**How to complete this task**
Each line from the one that contains "カンタン操作でお湯や水のムダづかいをカットします。" to the last line of the records below must be restated word for word.

**Records to process**
****************************************

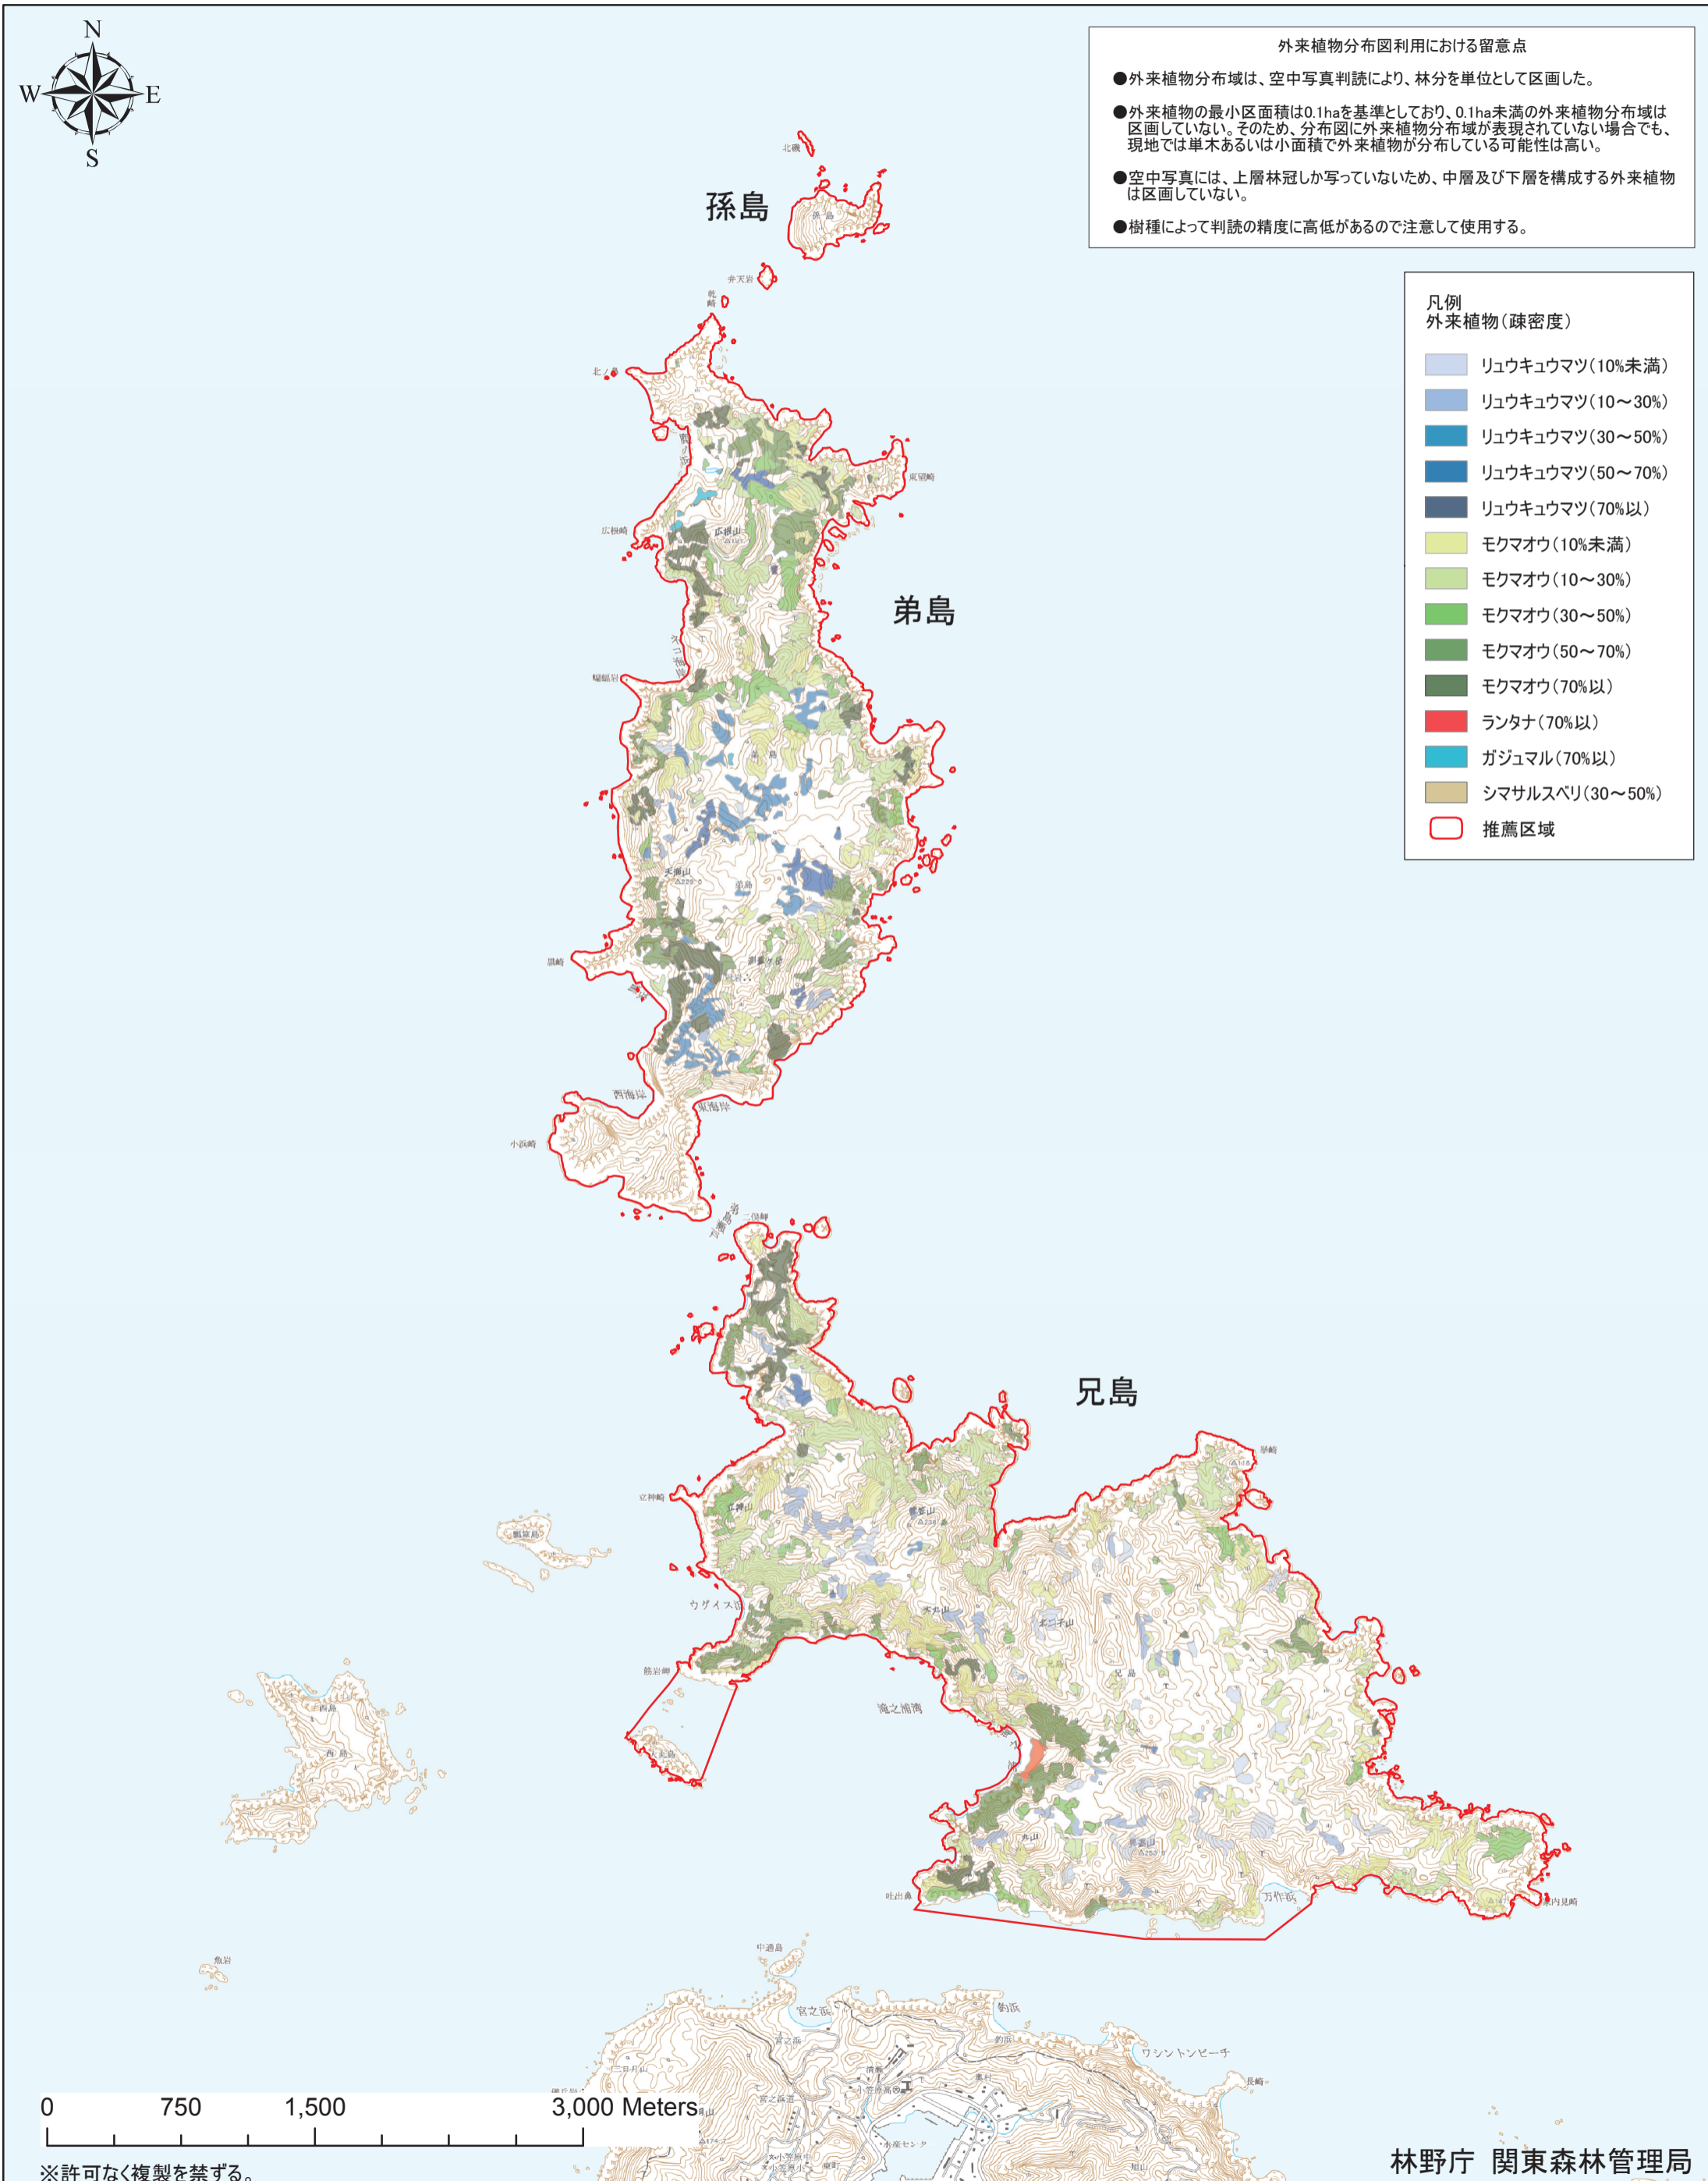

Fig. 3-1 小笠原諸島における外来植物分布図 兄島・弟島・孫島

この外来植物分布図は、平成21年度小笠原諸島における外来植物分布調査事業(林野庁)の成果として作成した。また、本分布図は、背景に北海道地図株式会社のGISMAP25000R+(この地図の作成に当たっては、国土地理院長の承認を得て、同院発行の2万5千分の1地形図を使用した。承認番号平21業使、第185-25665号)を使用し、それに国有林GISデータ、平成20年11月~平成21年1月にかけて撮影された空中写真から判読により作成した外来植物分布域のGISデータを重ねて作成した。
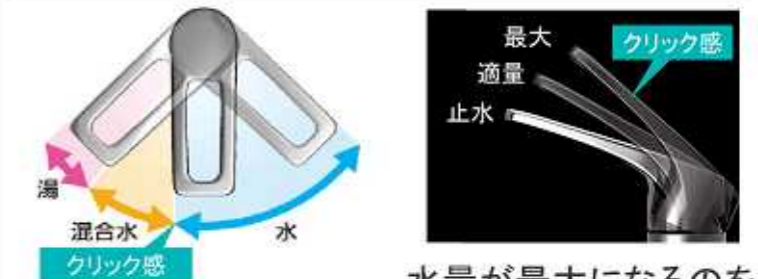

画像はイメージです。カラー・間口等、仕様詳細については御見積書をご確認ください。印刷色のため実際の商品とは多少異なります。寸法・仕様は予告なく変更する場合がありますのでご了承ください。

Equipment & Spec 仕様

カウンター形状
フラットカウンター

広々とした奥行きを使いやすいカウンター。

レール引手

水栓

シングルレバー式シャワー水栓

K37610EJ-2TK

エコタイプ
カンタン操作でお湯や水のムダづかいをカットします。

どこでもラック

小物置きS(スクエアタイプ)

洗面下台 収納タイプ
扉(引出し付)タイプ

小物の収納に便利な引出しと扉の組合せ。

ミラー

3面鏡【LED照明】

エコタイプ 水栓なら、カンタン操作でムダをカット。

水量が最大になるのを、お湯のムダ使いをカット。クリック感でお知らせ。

****************************************

**Completed exercise**
カンタン操作でお湯や水のムダづかいをカットします。

どこでもラック

小物置きS(スクエアタイプ)

洗面下台 収納タイプ
扉(引出し付)タイプ

小物の収納に便利な引出しと扉の組合せ。

ミラー

3面鏡【LED照明】

エコタイプ 水栓なら、カンタン操作でムダをカット。

水量が最大になるのを、お湯のムダ使いをカット。クリック感でお知らせ。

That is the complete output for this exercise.